Behind him, the RE bloke was grinning. He was another captain. He carried no gun. None of the RE blokes did, just as though the war, to them, was not about death but just about building things, making loud bangs and generally having a ripping time of it. Quinn was still talking but I couldn’t hear a bloody word because of some deep-booming Howitzers that were having their say. I knew that it would end in us going up the ladders though, and so it proved. When Quinn had done, the RE man summarised the orders in a brighter sort of voice that I could hear. Indicating the sap, he said, ‘Rather congested in there lads, so you’ll push on towards the end of it in the open.’

He meant in the dog’s leap – in no man’s land.

‘… There you’ll rendezvous with the two queer chaps…’

If this man did have any nerves in his body, which he appeared not to, then the glare that Oliver Butler was sending his way might have found them out. But he wasn’t looking in that direction.

‘… You’ll sap forwards by digging between shell holes. That make sense?’

It made sense in that I understood it, but not in any other way.

‘Good luck!’ he said, and he indicated the ladders. Any one of them, it seemed, would do just as well as any other.

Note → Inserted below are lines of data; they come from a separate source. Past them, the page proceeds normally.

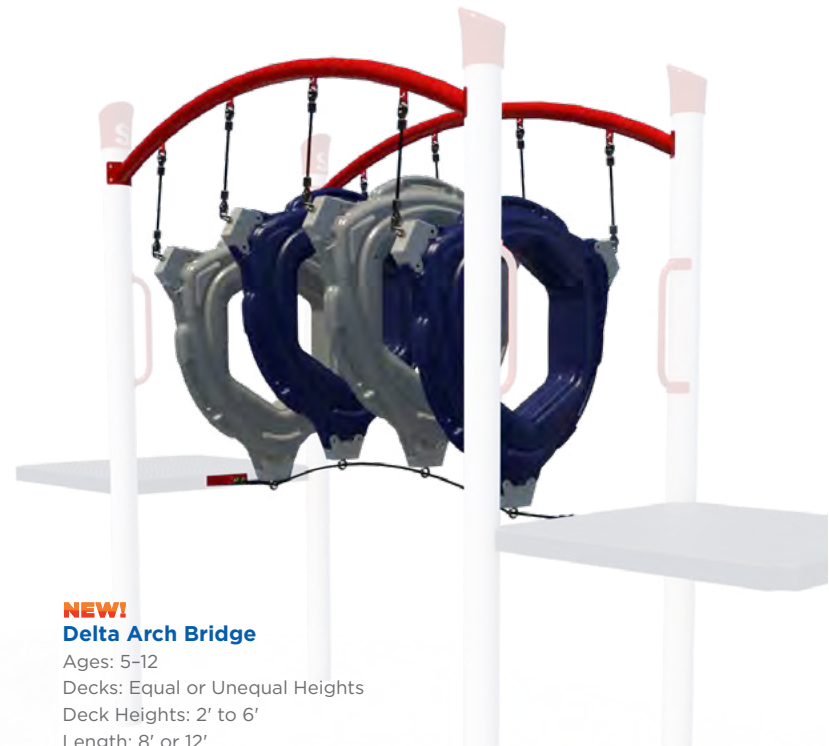

NEW!
Delta Arch Bridge
Ages: 5-12
Decks: Equal or Unequal Heights
Deck Heights: 2' to 6'
Length: 8' or 12'
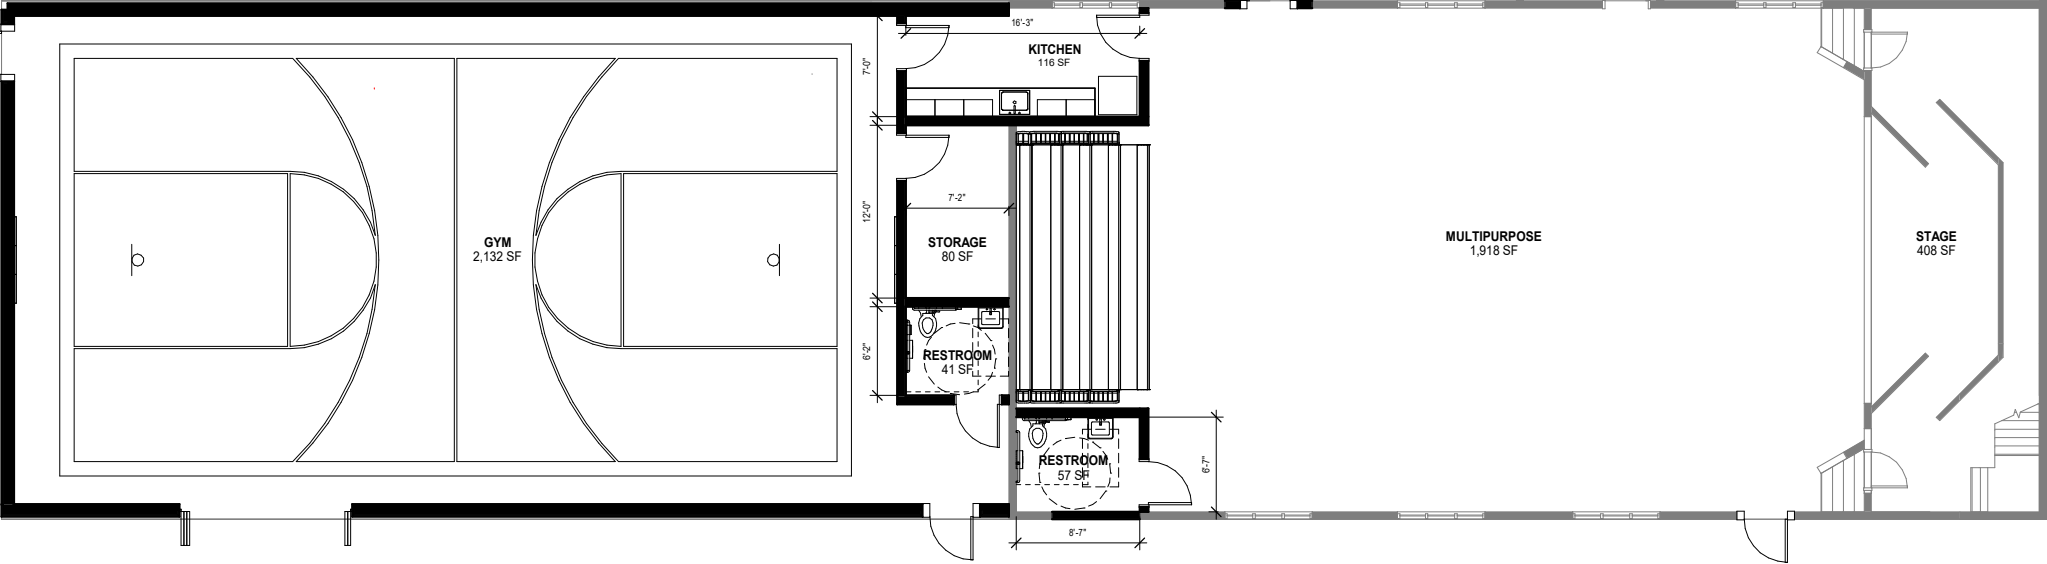

NEW EXISTING

MECHANICAL MEZZANINE ABOVE

MECHANICAL
73 SF

GYM
1,931 SF

KITCHEN
116 SF

STORAGE
142 SF

RESTROOM
49 SF

RESTROOM
49 SF

MULTIPURPOSE
2,058 SF

STAGE
408 SF

8'-4"

13'-10 3/4"

10'-2 1/4"

7'-11 3/4"

5'-7 3/8"

6'-5 1/8"

6'-5 1/8"

NEW EXISTING
MECHANICAL MEZZANINE ABOVE

MECHANICAL
73 SF

GYM
2,132 SF

KITCHEN
116 SF

STORAGE
80 SF

RESTROOM
41 SF

RESTROOM
57 SF

MULTIPURPOSE
1,918 SF

STAGE
408 SF

Handwritten notes on the whiteboard:

1st grade	2nd grade	3rd grade
1. 8:55-9:45	1. 8:55-9:45	1. 8:55-9:45
2. 9:50-10:40	2. 9:50-10:40	2. 9:50-10:40
3. 10:45-11:35	3. 10:45-11:35	3. 10:45-11:35
4. 11:40-12:30	4. 11:40-12:30	4. 11:40-12:30
5. 1:35-2:25	5. 1:35-2:25	5. 1:35-2:25
6. 2:30-3:20	6. 2:30-3:20	6. 2:30-3:20
7. 3:25-4:15	7. 3:25-4:15	7. 3:25-4:15

Quinn, in fact, was already halfway up one of them, and he was the first over, going into that great storm with just a revolver in his hand. Oamer went directly after him, his big behind squeezing with difficulty through the gap in the sandbags. I turned towards another ladder, at the top of which Scholes was pausing, taking in the scene. Whatever he saw made him shake his head: then he rolled forwards, like a reluctant swimmer entering a pool, and he disappeared from view.

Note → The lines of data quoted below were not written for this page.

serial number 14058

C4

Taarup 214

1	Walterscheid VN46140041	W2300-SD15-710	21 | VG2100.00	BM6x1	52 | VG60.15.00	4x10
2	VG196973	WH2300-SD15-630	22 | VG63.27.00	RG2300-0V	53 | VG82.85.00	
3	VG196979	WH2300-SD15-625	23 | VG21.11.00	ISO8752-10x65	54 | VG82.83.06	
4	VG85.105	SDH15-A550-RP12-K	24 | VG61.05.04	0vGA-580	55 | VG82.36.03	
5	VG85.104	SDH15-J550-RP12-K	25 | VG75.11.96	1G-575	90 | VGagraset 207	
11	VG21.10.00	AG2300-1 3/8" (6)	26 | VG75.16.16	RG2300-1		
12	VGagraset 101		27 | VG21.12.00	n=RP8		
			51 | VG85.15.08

As I approached the top of the ladder, I did so with the idea that everyone knew more about what to do in this battle than I did myself – the action in the trench had seemed to indicate as much – but the picture disclosed when I raised my head above the topmost sandbag put paid to that notion. I saw the remains of a bad idea: a vast acreage of baked earth; lines of men, half on the ground, half walking forwards. This was what remained of ‘open formation’. Sometimes the ones moving forward went suddenly down to the ground; sometimes some of those got up again. I knew that in one glance I had taken in hundreds of dead men. Smoke rolled over the picture, revealing new scenes of chaos, then hiding them for decency’s sake. In its higher levels, rotating lines of denser smoke forged upwards, and dissolved as they fell – and these were the shells of our barrage. That was part of the noise, but there was another, sharper sound: machine guns, but so many of them that they merged into one continuous explosion. It was a triumphant kind of noise: look what we can do when we band together! And they were German machine guns.